对象类型(Object datatype):object 用于单个Json对象
地理坐标类型(Geo-point datatype):geo_point 用于经纬度坐标
地理形状类型(Geo-Shape datatype):geo_shape 用于类似于多边形的复杂形状
IPv4 类型(IPv4 datatype):ip 用于IPv4 地址
Completion 类型(Completion datatype):completion 提供自动补全建议
Token count 类型(Token count datatype):token_count 用于统计做子标记的字段的index数目,该值会一直增加,不会因为过滤条件而减少
mapper-murmur3 类型:通过插件,可以通过_murmur3_来计算index的哈希值
附加类型(Attachment datatype):采用mapper-attachments插件,可支持_attachments_索引,例如 Microsoft office 格式,Open Documnet 格式, ePub,HTML等
映射(Mapping)相当于数据表的表结构。

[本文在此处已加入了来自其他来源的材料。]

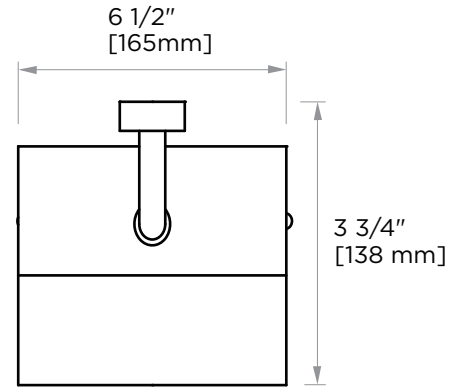

MADRID COLLECTION
TISSUE HOLDER
262153

PRODUCT NAME: TISSUE HODLER

PRODUCT CODE: 262153

MATERIAL: All-brass construction

KEY FEATURES: Contemporary design.
Simple and straight forward lines.
Strong linear silhouette.

NOTE: Dimensions and specifications are subject to change without notice.

ElasticSearch中的映射(Mapping)用来定义一个文档,可以定义所包含的字段以及字段的类型、分词器及属性等等。
映射可以分为动态映射和静态映射。
"enabled":true (缺省)| false
"index": true(缺省)| false
index_option:存储倒排索引的哪些信息
4个可选参数
docs:索引文档号
freqs:文档号+词频
positions:文档号+词频+位置,通常用来距离查询
offsets:文档号+词频+位置+偏移量,通常被使用在高亮字段
分词字段默认时positions,其他默认时docs
"index_options": "docs"
"norms": {"enable": true, "loading": "lazy"}
"doc_value": true(缺省)| false
"fielddata": {"format": "disabled"}
"store": false(默认)| true
"coerce: true(缺省)| false"
multifields:灵活使用多字段解决多样的业务需求
dynamic:控制mapping的自动更新
"dynamic": true(缺省)| false | strict
data_detection:true(缺省)| false
"analyzer": "ik"
"boost": 1.23
"fields": {"raw": {"type": "string", "index": "not_analyzed"}}
"ignore_above": 100
"include_in_all": true
"null_value": "NULL"
"position_increament_gap": 0
"search_analyzer": "ik"
"similarity": "BM25"
"trem_vector": "no"
检索子句的行为取决于查询应用于过滤(filter)上下文还是查询/分析(query)上下文。
过滤上下文——对应于结构化检索
1)核心回答的问题是:“这个文档是否符合这个查询条款?”
2)答案是简单的是或否,不计算分数。
3)过滤器上下文主要用于过滤结构化数据。类似于Mysql中判定某个字段是否存
在:
例如:
a. 时间戳字段:是否属于2015年或2016年?
b. 状态字段:是否设置为“已发布”?
经常使用的过滤器将被Elasticsearch自动缓存,以加快性能。
分析上下文——对应于全文检索
1)核心回答了“本文档与此查询子句是否匹配?”的问题。
2)除了决定文档是否匹配之外,查询子句还会计算一个_score,表示文档与其他文档的匹配程度。
综合应用场景如下:
GET /_search
{
"query": {
"bool": {
"must": [
{
"match": {
"title": "Search"
}
},
{
"match": {
"content": "Elasticsearch"
}
}
],
"filter": [
{
"term": {
"status": "published"
}
},
{
"range": {
"publish_date": {
"gte": "2015-01-01"
}
}
}
]
}
}
}
以上检索,title中包含”Search”并且content中包含 “Elasticsearch”,status中精确匹配”published”,并且publish_date 大于“2015-01-01”的全部信息。
以下,以“脑图”的形式直观展示检索分类。
其中,3-7根据我随着我开发深入再做更新。
以下内容的原文需要参考ES官方文档(随着版本变化,后续会有更新)
针对字段类型: 日期、时间、数字类型,以及精确的文本匹配。
结构化检索特点:
term 查询会查找我们指定的精确值。term 查询是简单的,它接受一个字段名以及我们希望查找的数值。
想要类似mysql中如下sql语句的查询操作:
SELECT document FROM products WHERE price = 20;
DSL写法:
GET /my_store/products/_search
{
"query" : {
"term" : {
"price" : 20
}
}
}
当进行精确值查找时, 我们会使用过滤器(filters)。过滤器很重要,因为它们执行速度非常快,不会计算相关度(直接跳过了整个评分阶段)而且很容易被缓存。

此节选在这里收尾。